[Requirement] Every entry below needs to be printed again exactly, with its pictures left out.

[Data for this exercise]

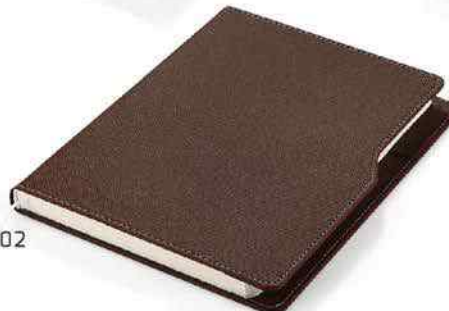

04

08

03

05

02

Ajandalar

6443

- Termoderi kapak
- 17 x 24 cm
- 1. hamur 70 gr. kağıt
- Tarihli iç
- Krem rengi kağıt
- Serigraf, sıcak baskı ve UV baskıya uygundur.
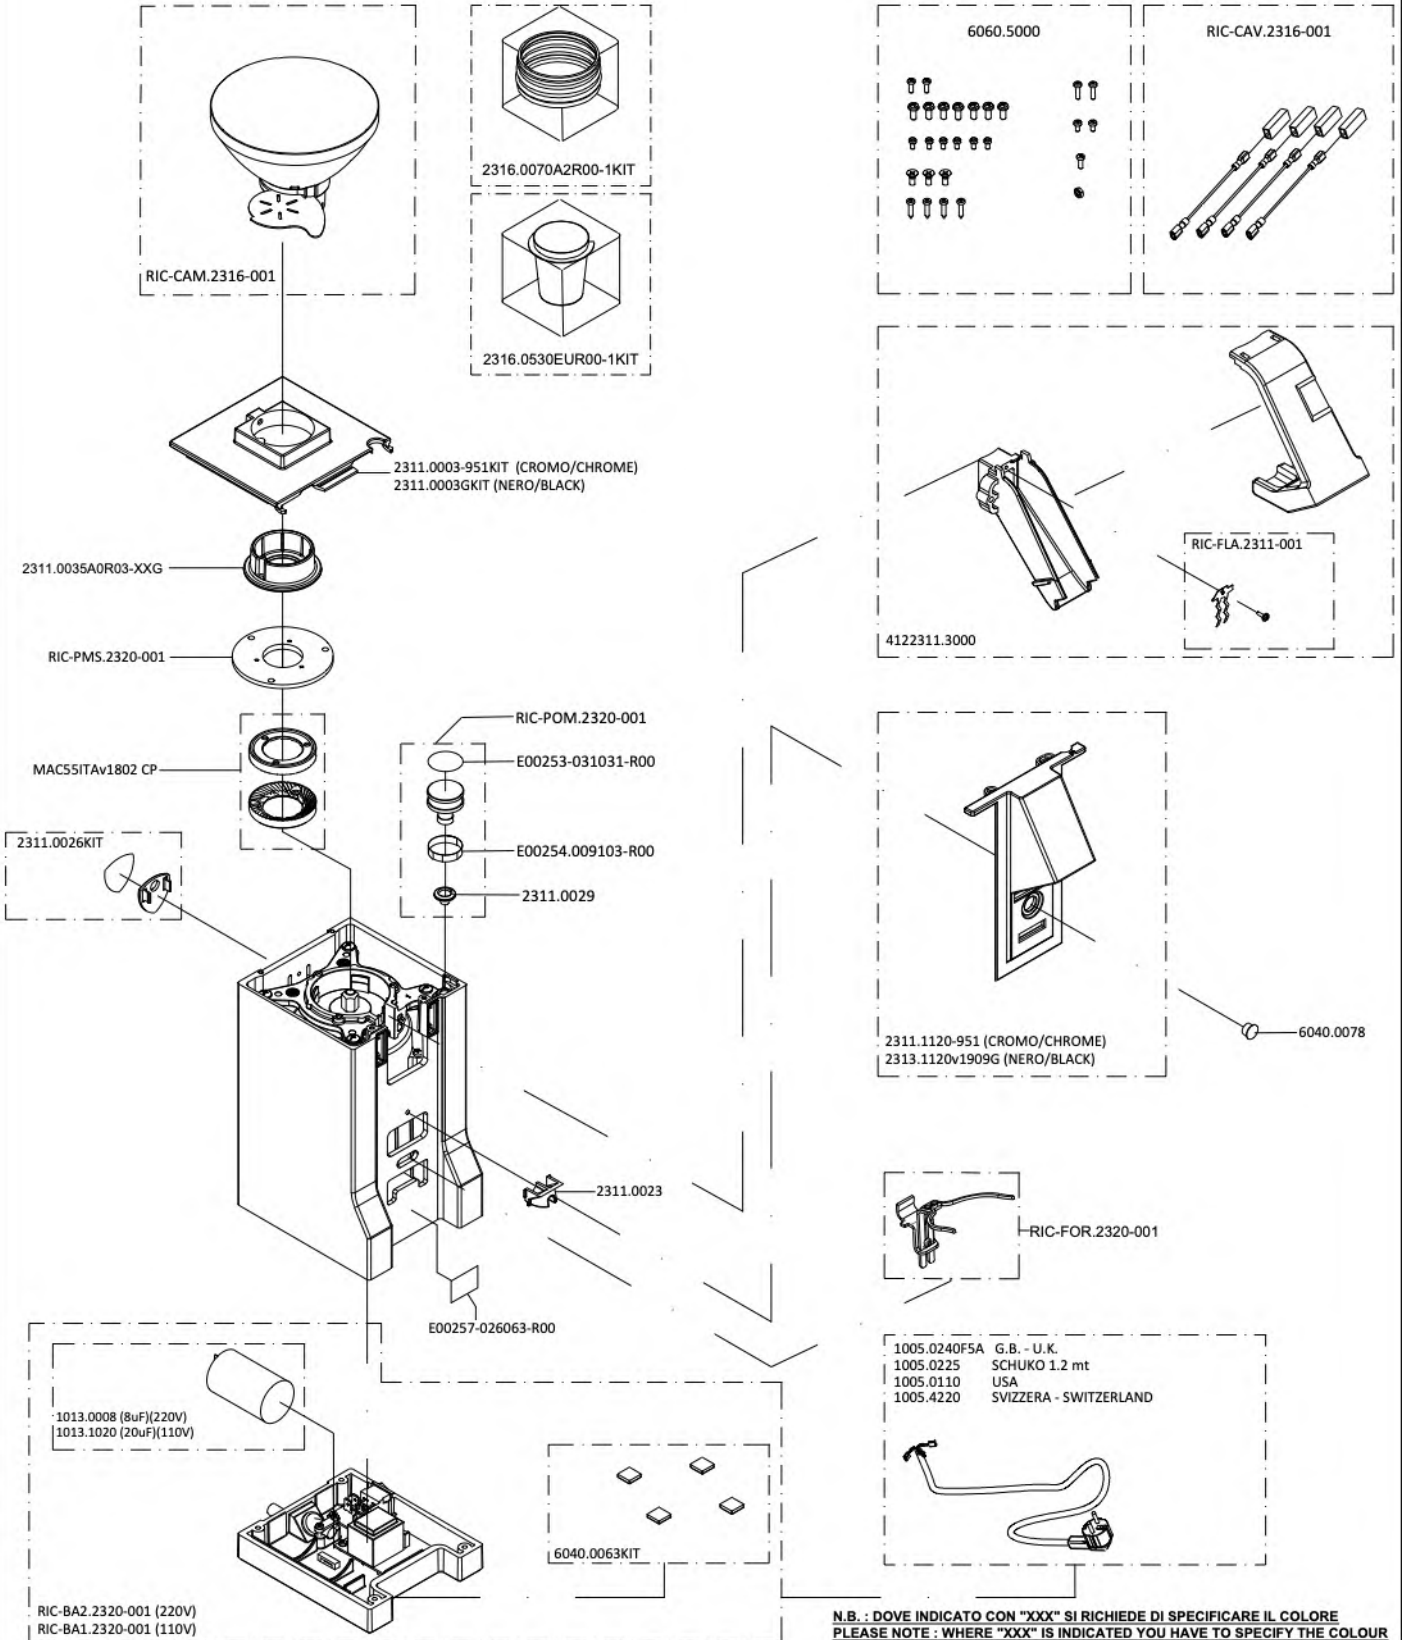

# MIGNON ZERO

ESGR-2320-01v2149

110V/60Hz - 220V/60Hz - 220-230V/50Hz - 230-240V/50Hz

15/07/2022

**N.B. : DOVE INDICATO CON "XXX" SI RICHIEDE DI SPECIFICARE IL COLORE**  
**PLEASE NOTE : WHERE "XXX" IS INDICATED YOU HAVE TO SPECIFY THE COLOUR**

[Answer to this exercise]
04

08

03

05

02

Ajandalar

6443

- Termoderi kapak
- 17 x 24 cm
- 1. hamur 70 gr. kağıt
- Tarihli iç
- Krem rengi kağıt
- Serigraf, sıcak baskı ve UV baskıya uygundur.

# MIGNON ZERO

ESGR-2320-01v2149

110V/60Hz - 220V/60Hz - 220-230V/50Hz - 230-240V/50Hz

15/07/2022

**N.B. : DOVE INDICATO CON "XXX" SI RICHIEDE DI SPECIFICARE IL COLORE**  
**PLEASE NOTE : WHERE "XXX" IS INDICATED YOU HAVE TO SPECIFY THE COLOUR**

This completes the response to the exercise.